# YOUR TASK:
In the entries below, which lines run from the one with "wymogami środowiska naturalnego**" through the one with "Descrizione: Parti esterne"? Repeat exactly those, both included, and no pictures.

_ _ _

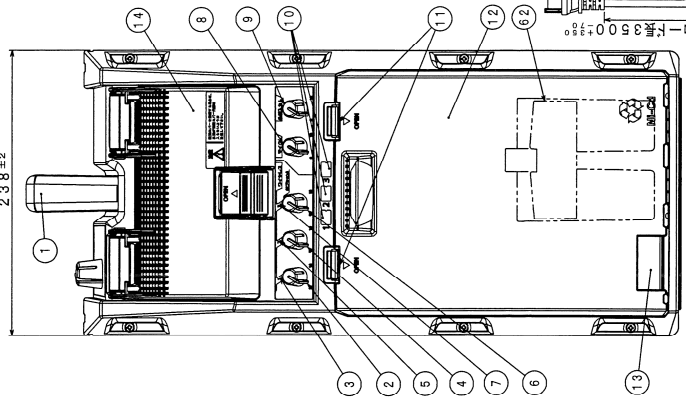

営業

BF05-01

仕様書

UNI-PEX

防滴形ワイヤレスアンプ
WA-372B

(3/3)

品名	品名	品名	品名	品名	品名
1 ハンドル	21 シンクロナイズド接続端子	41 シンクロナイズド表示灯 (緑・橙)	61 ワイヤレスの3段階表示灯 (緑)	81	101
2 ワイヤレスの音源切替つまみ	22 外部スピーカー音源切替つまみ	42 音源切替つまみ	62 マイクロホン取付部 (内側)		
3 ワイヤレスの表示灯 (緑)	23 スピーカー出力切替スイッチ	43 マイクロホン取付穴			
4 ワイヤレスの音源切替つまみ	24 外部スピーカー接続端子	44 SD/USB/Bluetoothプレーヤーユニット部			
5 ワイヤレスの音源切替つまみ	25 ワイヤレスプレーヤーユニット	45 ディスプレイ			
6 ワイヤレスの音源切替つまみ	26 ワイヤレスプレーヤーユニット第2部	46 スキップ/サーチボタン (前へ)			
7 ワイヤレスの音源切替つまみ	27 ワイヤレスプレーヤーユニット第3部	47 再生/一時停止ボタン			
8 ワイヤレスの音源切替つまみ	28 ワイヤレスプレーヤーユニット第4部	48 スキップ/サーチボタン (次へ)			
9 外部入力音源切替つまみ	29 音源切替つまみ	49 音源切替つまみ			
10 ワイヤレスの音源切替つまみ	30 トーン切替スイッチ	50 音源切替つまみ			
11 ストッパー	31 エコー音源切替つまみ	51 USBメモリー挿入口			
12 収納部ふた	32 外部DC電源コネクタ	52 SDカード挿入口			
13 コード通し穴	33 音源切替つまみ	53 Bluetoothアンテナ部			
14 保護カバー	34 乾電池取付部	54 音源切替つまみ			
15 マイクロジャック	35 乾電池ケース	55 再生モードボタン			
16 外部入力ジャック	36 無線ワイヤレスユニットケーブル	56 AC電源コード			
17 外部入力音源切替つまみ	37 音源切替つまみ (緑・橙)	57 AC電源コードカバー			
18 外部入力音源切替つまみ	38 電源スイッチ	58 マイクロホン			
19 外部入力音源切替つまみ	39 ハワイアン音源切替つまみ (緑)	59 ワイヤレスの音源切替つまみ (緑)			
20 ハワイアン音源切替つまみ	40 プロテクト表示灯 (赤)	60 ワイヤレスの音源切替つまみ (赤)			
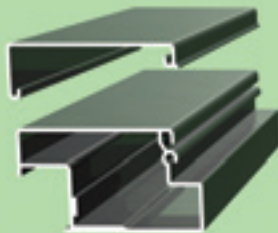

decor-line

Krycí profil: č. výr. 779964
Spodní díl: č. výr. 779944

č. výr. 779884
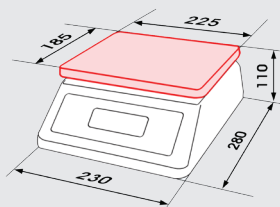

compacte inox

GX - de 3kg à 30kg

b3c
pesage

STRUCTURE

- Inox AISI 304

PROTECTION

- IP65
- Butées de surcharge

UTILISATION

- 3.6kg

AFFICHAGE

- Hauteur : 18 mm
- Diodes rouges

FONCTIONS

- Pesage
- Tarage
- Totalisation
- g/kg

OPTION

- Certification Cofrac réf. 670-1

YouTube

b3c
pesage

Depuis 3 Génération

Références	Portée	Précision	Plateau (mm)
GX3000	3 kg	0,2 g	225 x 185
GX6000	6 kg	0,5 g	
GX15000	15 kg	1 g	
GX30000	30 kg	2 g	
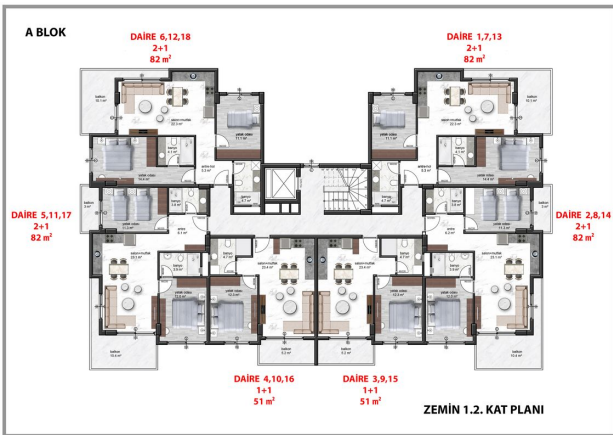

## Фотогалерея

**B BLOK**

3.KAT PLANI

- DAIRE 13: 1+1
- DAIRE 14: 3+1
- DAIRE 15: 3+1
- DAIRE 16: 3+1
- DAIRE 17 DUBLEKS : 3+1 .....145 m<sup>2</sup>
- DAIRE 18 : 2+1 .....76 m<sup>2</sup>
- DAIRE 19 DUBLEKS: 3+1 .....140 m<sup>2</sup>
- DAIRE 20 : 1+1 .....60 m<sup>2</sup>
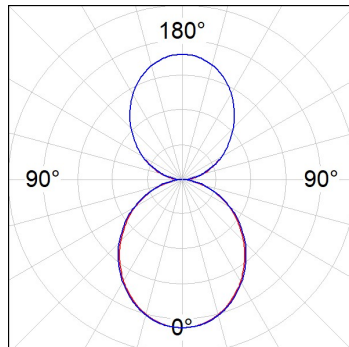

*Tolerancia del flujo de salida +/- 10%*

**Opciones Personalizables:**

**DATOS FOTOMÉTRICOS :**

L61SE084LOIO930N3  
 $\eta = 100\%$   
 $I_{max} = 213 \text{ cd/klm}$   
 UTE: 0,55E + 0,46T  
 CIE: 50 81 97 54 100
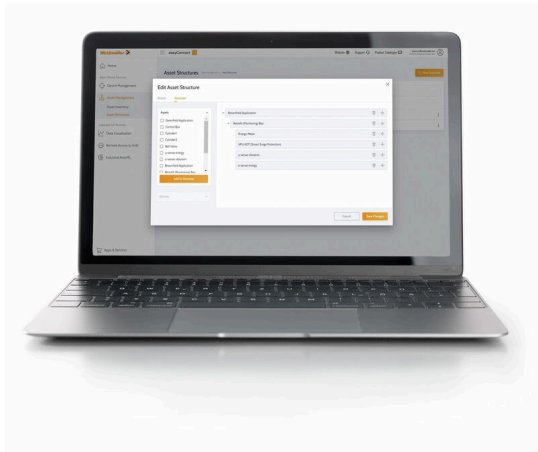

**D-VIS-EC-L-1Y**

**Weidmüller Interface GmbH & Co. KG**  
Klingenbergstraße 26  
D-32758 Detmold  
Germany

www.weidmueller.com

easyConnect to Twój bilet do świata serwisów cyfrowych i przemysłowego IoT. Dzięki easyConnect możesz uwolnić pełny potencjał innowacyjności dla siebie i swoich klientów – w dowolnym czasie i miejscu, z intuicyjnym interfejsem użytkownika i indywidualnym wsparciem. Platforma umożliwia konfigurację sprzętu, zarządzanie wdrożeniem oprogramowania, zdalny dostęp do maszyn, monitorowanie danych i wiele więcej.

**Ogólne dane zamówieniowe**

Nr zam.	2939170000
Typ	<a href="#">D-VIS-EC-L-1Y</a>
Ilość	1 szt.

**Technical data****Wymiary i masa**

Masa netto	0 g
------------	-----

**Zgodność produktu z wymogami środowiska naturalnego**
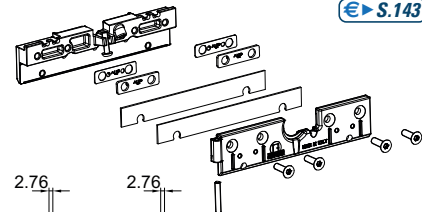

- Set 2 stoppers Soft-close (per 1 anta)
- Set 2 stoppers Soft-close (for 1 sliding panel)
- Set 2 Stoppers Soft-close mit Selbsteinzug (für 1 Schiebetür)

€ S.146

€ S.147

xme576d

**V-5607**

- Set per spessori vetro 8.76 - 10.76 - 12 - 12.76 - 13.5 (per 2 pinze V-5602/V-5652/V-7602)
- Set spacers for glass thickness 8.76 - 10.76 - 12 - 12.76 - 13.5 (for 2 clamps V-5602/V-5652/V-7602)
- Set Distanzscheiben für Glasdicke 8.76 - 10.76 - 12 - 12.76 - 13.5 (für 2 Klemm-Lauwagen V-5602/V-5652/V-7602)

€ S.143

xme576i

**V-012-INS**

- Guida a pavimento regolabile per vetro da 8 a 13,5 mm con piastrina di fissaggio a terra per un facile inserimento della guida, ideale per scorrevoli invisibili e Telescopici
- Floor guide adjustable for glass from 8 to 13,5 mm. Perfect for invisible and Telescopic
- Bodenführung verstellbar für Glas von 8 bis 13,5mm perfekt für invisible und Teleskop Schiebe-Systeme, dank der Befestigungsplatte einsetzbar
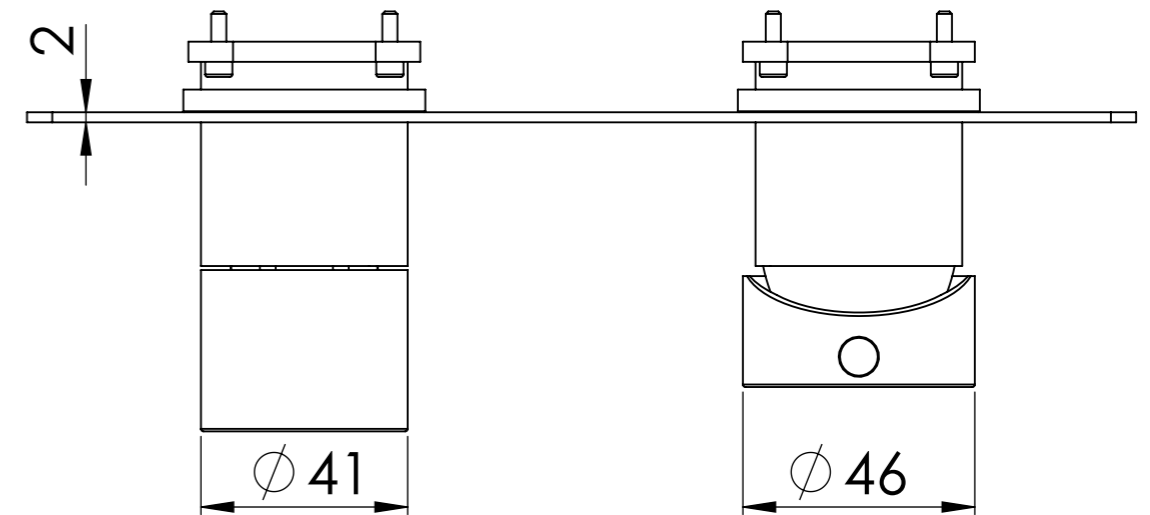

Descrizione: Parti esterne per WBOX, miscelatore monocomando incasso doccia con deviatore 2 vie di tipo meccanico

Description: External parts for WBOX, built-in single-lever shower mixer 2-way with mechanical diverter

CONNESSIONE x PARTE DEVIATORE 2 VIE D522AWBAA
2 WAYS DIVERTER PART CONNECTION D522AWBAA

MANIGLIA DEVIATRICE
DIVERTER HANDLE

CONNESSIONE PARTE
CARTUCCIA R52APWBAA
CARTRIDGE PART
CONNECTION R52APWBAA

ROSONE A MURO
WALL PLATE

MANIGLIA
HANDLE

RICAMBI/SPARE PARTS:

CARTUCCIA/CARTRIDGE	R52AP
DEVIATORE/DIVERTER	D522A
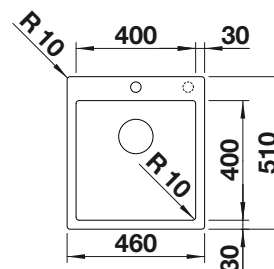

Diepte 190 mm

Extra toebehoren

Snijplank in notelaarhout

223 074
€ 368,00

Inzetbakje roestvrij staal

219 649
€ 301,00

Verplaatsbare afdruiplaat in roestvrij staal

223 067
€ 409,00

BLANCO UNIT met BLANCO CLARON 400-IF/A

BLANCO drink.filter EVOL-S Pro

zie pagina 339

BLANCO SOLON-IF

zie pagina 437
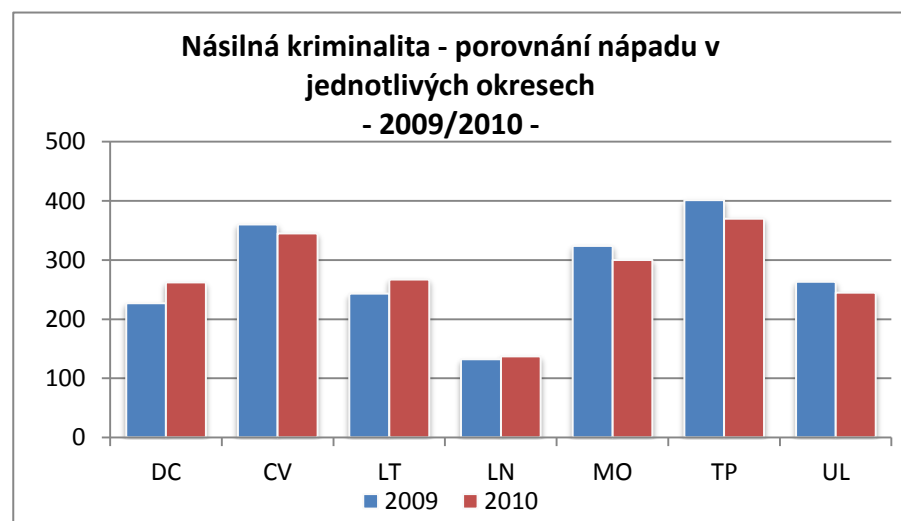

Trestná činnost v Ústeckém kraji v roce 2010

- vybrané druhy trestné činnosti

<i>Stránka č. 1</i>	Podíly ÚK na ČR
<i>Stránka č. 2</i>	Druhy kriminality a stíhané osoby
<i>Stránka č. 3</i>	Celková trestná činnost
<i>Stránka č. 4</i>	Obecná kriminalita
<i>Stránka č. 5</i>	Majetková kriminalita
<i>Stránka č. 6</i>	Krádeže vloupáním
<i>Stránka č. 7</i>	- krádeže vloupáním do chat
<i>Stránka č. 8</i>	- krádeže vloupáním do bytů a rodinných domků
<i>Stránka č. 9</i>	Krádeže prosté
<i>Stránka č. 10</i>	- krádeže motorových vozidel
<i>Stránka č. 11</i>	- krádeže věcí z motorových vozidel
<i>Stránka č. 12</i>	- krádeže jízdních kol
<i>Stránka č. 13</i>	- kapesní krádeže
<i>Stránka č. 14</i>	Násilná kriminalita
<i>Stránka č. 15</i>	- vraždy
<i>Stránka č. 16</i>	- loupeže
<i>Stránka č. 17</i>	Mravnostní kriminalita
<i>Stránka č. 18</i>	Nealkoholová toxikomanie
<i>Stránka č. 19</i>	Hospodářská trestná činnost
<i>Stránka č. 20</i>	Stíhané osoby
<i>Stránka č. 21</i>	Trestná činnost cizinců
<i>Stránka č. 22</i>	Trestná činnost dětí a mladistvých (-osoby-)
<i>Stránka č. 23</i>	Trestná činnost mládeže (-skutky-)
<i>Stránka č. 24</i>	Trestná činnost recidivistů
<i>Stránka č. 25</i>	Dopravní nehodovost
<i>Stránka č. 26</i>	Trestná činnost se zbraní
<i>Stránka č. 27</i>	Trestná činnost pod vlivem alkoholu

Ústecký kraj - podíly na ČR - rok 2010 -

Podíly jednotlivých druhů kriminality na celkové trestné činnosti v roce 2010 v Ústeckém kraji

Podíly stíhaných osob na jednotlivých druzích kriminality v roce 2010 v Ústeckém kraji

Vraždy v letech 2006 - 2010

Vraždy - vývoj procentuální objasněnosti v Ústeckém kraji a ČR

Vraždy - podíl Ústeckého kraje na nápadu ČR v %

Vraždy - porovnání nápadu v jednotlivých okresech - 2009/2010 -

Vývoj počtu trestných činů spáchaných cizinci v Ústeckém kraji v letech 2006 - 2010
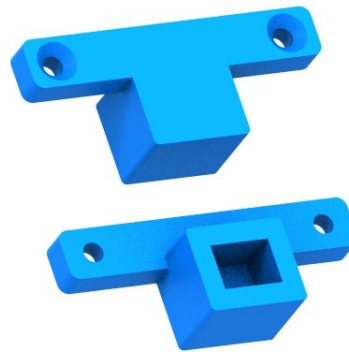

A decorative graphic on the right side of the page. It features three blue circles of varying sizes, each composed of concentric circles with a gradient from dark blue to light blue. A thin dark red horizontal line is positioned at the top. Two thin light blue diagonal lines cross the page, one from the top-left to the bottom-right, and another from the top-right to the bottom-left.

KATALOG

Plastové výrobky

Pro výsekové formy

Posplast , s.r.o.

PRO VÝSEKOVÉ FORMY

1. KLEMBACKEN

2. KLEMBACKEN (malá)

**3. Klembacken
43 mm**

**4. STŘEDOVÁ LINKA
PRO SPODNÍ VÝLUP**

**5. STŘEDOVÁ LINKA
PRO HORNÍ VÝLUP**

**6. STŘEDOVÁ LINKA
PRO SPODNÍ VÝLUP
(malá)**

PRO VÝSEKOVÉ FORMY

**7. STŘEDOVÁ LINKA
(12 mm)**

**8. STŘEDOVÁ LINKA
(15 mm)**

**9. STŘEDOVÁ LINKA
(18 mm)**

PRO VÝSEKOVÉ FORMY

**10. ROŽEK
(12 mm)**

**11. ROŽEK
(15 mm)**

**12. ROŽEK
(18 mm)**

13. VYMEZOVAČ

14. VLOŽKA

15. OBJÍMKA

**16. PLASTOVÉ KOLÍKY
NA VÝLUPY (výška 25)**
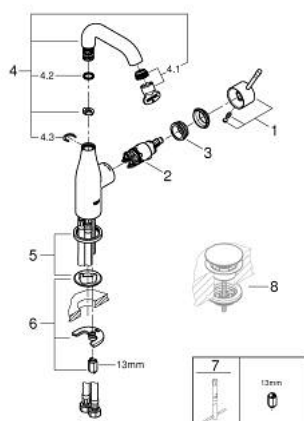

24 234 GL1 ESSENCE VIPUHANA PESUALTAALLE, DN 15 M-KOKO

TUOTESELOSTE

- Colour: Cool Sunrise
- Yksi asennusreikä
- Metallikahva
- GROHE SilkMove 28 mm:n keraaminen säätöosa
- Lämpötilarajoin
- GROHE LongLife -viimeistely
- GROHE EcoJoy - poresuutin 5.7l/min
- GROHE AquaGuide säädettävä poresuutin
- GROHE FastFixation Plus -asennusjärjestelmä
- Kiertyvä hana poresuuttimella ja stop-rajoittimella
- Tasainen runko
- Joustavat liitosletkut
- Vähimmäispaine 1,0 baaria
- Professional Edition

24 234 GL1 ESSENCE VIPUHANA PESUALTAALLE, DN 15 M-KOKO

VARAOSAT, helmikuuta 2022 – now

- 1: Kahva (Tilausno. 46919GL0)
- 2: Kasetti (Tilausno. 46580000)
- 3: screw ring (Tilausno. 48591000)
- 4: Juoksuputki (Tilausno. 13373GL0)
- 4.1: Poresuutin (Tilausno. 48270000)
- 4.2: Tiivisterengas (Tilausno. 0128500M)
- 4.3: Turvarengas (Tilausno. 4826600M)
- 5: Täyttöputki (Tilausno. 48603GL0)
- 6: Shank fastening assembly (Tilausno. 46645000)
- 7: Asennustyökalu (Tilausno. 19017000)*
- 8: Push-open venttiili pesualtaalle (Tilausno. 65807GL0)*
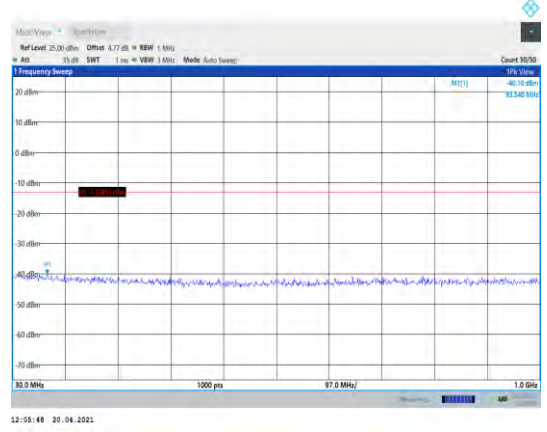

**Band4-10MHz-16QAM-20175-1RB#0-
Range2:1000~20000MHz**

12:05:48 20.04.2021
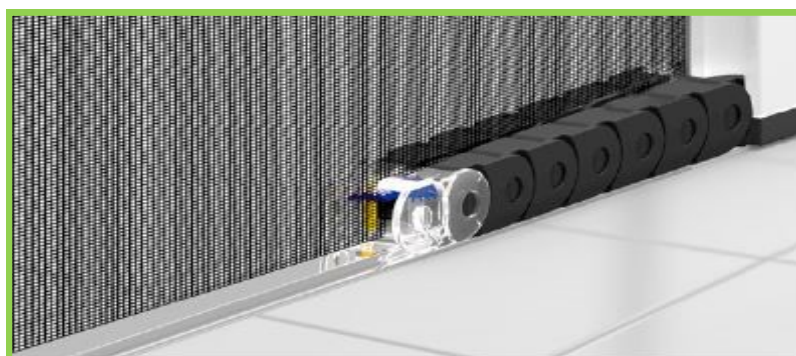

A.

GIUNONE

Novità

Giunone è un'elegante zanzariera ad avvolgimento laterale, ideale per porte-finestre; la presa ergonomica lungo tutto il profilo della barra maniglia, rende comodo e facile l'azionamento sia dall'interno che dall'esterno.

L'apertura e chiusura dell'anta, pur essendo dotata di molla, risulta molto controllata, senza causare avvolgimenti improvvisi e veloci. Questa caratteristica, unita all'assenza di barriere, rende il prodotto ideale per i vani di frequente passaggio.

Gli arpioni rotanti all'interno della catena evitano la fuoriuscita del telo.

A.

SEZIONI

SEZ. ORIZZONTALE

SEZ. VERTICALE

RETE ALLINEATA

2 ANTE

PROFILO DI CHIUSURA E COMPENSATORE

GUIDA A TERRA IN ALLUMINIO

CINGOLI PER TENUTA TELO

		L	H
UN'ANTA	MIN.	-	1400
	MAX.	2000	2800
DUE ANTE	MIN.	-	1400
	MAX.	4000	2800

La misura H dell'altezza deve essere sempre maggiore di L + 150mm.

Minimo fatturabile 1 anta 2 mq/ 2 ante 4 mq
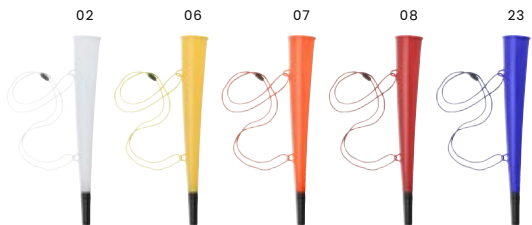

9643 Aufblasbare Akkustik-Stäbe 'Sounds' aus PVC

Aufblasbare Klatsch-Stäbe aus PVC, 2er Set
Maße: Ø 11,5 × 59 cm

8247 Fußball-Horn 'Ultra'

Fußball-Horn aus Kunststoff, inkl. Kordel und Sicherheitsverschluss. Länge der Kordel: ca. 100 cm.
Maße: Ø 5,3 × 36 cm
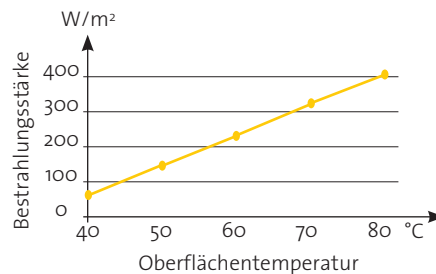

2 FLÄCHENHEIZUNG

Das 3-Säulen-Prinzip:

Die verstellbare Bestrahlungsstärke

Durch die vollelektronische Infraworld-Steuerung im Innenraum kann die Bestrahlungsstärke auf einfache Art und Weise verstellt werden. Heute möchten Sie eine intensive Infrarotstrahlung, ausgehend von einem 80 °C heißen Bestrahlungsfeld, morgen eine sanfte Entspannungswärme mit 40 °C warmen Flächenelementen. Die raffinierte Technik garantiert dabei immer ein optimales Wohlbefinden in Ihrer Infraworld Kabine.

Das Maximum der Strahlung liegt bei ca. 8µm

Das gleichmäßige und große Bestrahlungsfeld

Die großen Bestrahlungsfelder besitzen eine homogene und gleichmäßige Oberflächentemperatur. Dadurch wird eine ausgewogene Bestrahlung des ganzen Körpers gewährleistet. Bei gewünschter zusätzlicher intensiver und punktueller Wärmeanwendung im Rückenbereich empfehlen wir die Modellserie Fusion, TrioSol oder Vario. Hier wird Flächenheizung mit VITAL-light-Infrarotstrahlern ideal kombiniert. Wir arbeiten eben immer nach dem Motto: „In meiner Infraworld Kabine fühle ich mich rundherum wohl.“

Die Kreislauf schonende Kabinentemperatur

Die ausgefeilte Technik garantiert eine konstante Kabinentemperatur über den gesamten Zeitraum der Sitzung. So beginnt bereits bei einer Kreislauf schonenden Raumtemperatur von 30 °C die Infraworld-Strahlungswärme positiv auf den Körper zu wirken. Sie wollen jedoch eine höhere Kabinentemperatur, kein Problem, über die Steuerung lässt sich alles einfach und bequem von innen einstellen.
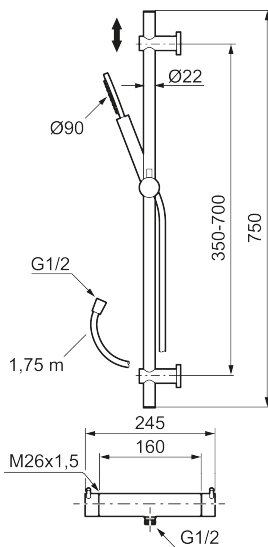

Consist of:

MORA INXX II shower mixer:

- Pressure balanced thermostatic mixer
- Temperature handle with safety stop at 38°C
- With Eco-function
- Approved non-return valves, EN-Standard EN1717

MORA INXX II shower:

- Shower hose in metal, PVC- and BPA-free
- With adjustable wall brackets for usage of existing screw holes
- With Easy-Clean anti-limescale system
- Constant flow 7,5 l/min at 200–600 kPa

_ _ _

# EXERCISE RESPONSE:
**Zgodność produktu z wymogami środowiska naturalnego**

- Set 2 stoppers Soft-close (per 1 anta)
- Set 2 stoppers Soft-close (for 1 sliding panel)
- Set 2 Stoppers Soft-close mit Selbsteinzug (für 1 Schiebetür)

€ S.146

€ S.147

xme576d

**V-5607**

- Set per spessori vetro 8.76 - 10.76 - 12 - 12.76 - 13.5 (per 2 pinze V-5602/V-5652/V-7602)
- Set spacers for glass thickness 8.76 - 10.76 - 12 - 12.76 - 13.5 (for 2 clamps V-5602/V-5652/V-7602)
- Set Distanzscheiben für Glasdicke 8.76 - 10.76 - 12 - 12.76 - 13.5 (für 2 Klemm-Lauwagen V-5602/V-5652/V-7602)

€ S.143

xme576i

**V-012-INS**

- Guida a pavimento regolabile per vetro da 8 a 13,5 mm con piastrina di fissaggio a terra per un facile inserimento della guida, ideale per scorrevoli invisibili e Telescopici
- Floor guide adjustable for glass from 8 to 13,5 mm. Perfect for invisible and Telescopic
- Bodenführung verstellbar für Glas von 8 bis 13,5mm perfekt für invisible und Teleskop Schiebe-Systeme, dank der Befestigungsplatte einsetzbar

Descrizione: Parti esterne per WBOX, miscelatore monocomando incasso doccia con deviatore 2 vie di tipo meccanico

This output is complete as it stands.